- IATA: ODW; ICAO: KOKH; FAA LID: OKH;

Summary
- Airport type: Public
- Owner: DFF, LLC
- Serves: Oak Harbor, Washington
- Elevation AMSL: 193 ft (59 m)
- Coordinates: 48°15′06″N 122°40′25″W﻿ / ﻿48.25167°N 122.67361°W
- Website: Delaurentisairport.com/
- Interactive map of DeLaurentis International Airport at Oak Harbor

Runways
| Direction | Length |  | Surface |
| ft | m |
| 7/25 | 3,265 | 995 | Asphalt |

Statistics (2009)
- Aircraft operations: 16,224
- Based aircraft: 24
- Source: Federal Aviation Administration

= DeLaurentis Airport =

DeLaurentis Airport at Oak Harbor is a public use airport located three nautical miles (6 km) southwest of the central business district of Oak Harbor, a city in Island County, Washington, United States. It is privately owned by DFF, LLC. It was formerly known as A.J. Eisenberg Airport owned by A.J. Eisenberg Airport LLC. and Wes Lupien Airport owned by Air International LLC. The airport previously had scheduled passenger service provided by Kenmore Air, which ceased operations to Oak Harbor on December 31, 2008. It was also served by Harbor Airlines, which had its hub at the airport from 1971 to 2001.

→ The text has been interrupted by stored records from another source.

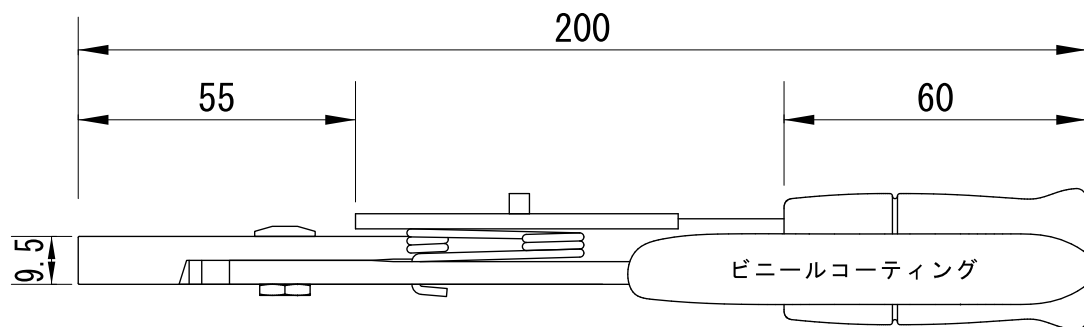

開口部 10~12mm
最大開口 約25mm

版	日付	内容		担当
00	2013.07.25	新規作成		
承認	確認	作成	機種名	JPS100Y
			名称	寸法図
ヘルツ電子株式会社			図番	TKPW-03-00
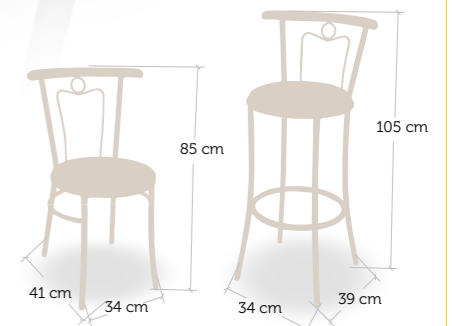

silla y taburete
Cincinatti

Estructura tubular y copete de madera maciza según carta colores y asiento que puede ser tapizado, compact 13 mm, madera, espuma integral y Werzalit.

EXPOSI CARTA COLORES
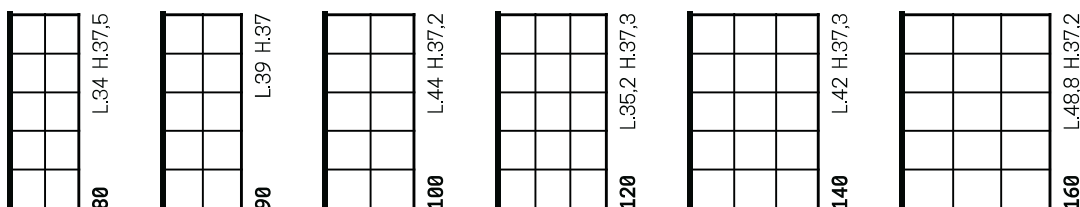

KUADRA H SQUARES/STRIPES

200 cm

8 mm

3 cm

PARETE FISSA

Misure	Codice	Scelta vetro		Scelta profilo
Misura effettiva d'ingombro		81	82	H
A		Squares	Stripes	Nero
77↔80	KUADH80-			
87↔90	KUADH90-			
97↔100	KUADH100-			
117↔120	KUADH120-			
137↔140	KUADH140-			
157↔160	KUADH160-			

DIMENSIONI SQUARES

Piedini di fissaggio al pavimento

LA BARRA DI SOSTEGNO DA 150 CM È OPTIONAL (VEDI PAG. 278)

OPTIONAL

	SISTEMA DI FISSAGGIO EVO (in nicchia)		SISTEMA DI FISSAGGIO EVO (angolo)												
	<ul style="list-style-type: none"> 1 barra frontale da 180 cm 1 morsetto di fissaggio 		<ul style="list-style-type: none"> 1 barra frontale da 180 cm 1 barra laterale da 120 cm 2 morsetti di fissaggio 1 angolare di unione 												
<table border="1"> <thead> <tr> <th>Finitura</th> <th>Codice</th> <th></th> </tr> </thead> <tbody> <tr> <td>Nero</td> <td>KUADHSFN-H</td> <td></td> </tr> </tbody> </table>	Finitura	Codice		Nero	KUADHSFN-H			<table border="1"> <thead> <tr> <th>Finitura</th> <th>Codice</th> <th></th> </tr> </thead> <tbody> <tr> <td>Nero</td> <td>KUADHSF-H</td> <td></td> </tr> </tbody> </table>	Finitura	Codice		Nero	KUADHSF-H		
Finitura	Codice														
Nero	KUADHSFN-H														
Finitura	Codice														
Nero	KUADHSF-H														
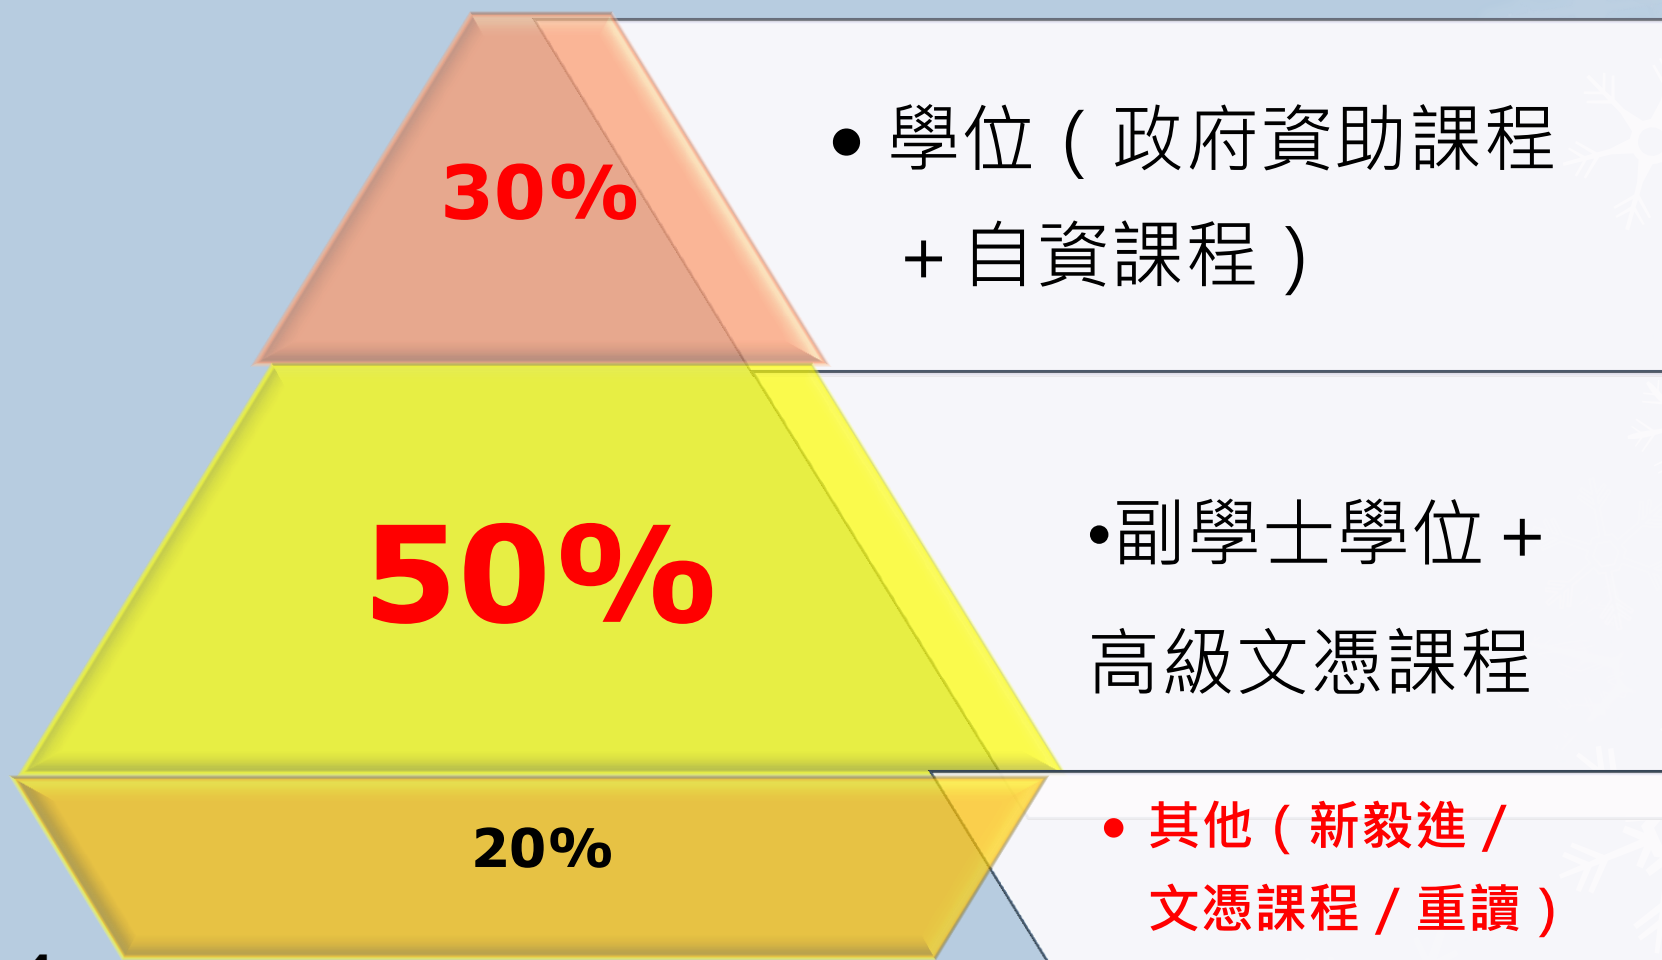

新高中畢業生 升學比率 (學友社 2017-18)(大學第一年)
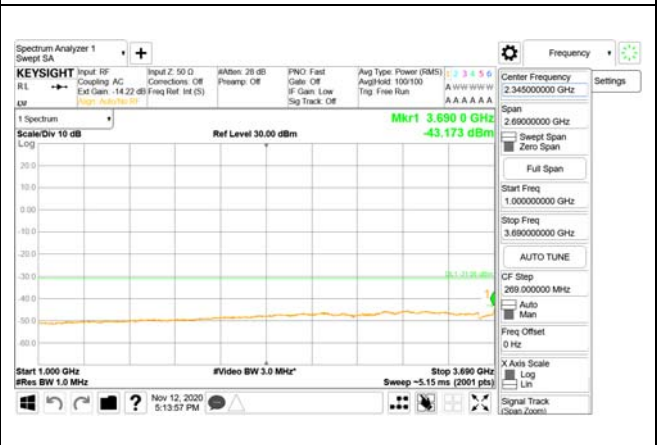

ANT15

9 kHz - 150 kHz

150 kHz - 30 MHz

30 MHz - 1000 MHz

1000 MHz - 3690 MHz

3690 MHz - 3699 MHz

3980 MHz - 26.5 GHz

CTK Co., Ltd.
(Ho-dong), 113, Yejik-ro, Cheoin-gu,
Yongin-si, Gyeonggi-do, Korea
Tel: +82-31-339-9970
Fax: +82-31-624-9501
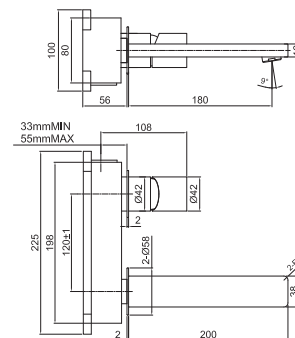

Encastrado de Pared Tube Rose Gold

249,00€

+ easy box

EP1038

Encastrado de Pared Tube C/Espelho Rose Gold + easy box

269,00€

EP1035
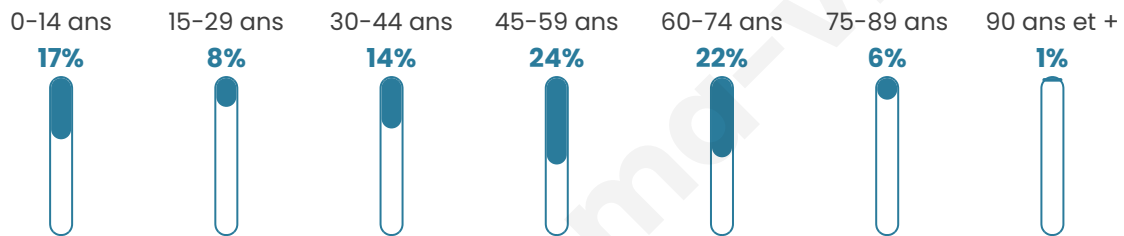

# Statistiques sur la population

Nombre d'habitants

**210**

Age moyen

**45 ans**

Pop active

**40.5%**

Taux chômage

**9.3%**

Pop densité

**53 h/km<sup>2</sup>**

Revenu moyen

**21 460 €/an**

## Evolution du nombre d'habitants

Sources : Institut national de la statistique et des études économiques (insee) selon Les dernières parutions officielles de 2024 portant sur les années 2020, 2021 et 2022.

## Tranche d'âge
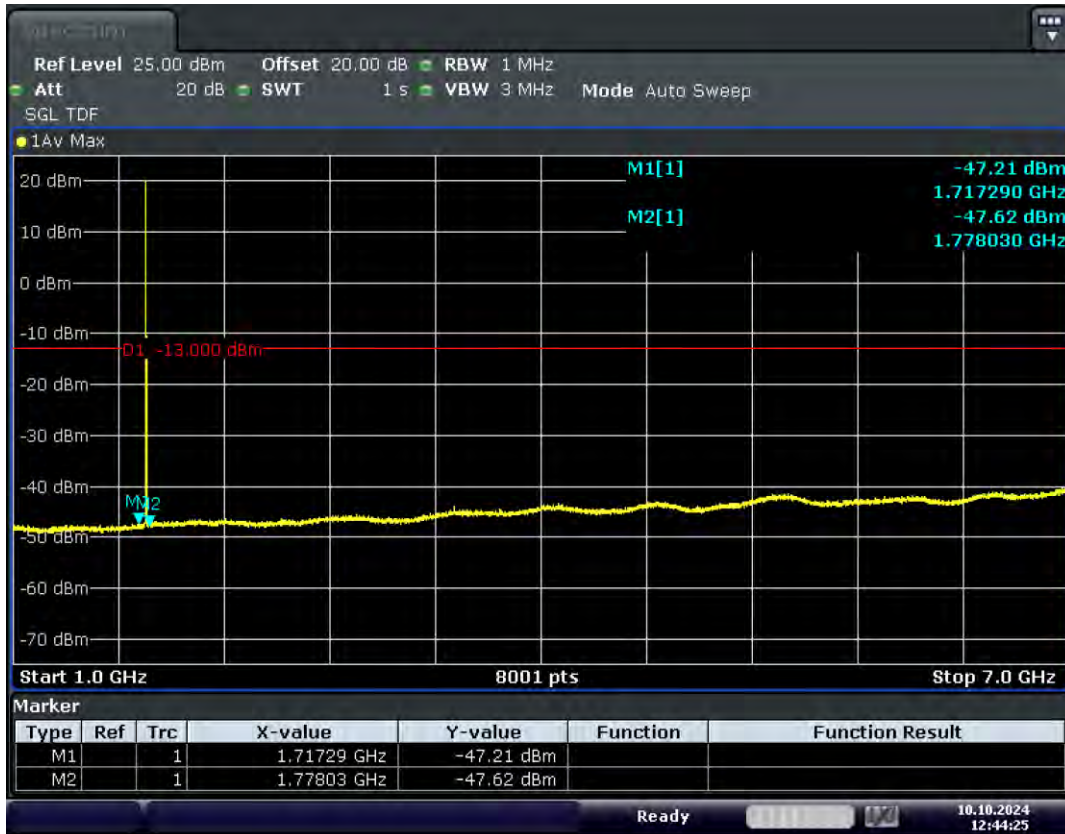

OB4-1.4-1732.5-QPSK-6#LOW@1GHz-7GHz@Pass

OB4-1.4-1732.5-QPSK-6#LOW@7GHz-13.6GHz@Pass

OB4-1.4-1732.5-QPSK-6#LOW@13.6GHz-20GHz@Pass

OB4-1.4-1754.3-QPSK-6#LOW@30MHz-1GHz@Pass

OB4-1.4-1754.3-QPSK-6#LOW@1GHz-7GHz@Pass

Although most U.S. airports use the same three-letter location identifier for the FAA and IATA, this airport is assigned OKH by the FAA and ODW by the IATA (which assigned OKH to RAF Cottesmore in Oakham, Rutland, England).

== Facilities and aircraft ==
The airport covers an area of 54 acre at an elevation of 193 feet (59 m) above mean sea level. It has one runway designated 7/25 with an asphalt surface measuring 3,265 by 25 feet (995 x 8 m).

As of July 26, 2023 DeLaurentis Airport at Oak Harbor, WA has removed underground fuel tanks to replace them with above-ground tanks and fuel will be unavailable until the work is complete.

Significant repair and updating of the facilities is underway and a study is being done to improve the runway.

In February of 2024 it was announced that the airport would be set up to handle international flights and US Customs inspections for arrivals.

For the 12-month period ending May 30, 2009, the airport had 16,224 aircraft operations, an average of 44 per day: 99% general aviation and 1% air taxi. At that time there were 24 aircraft based at this airport: 87.5% single-engine and 12.5% multi-engine.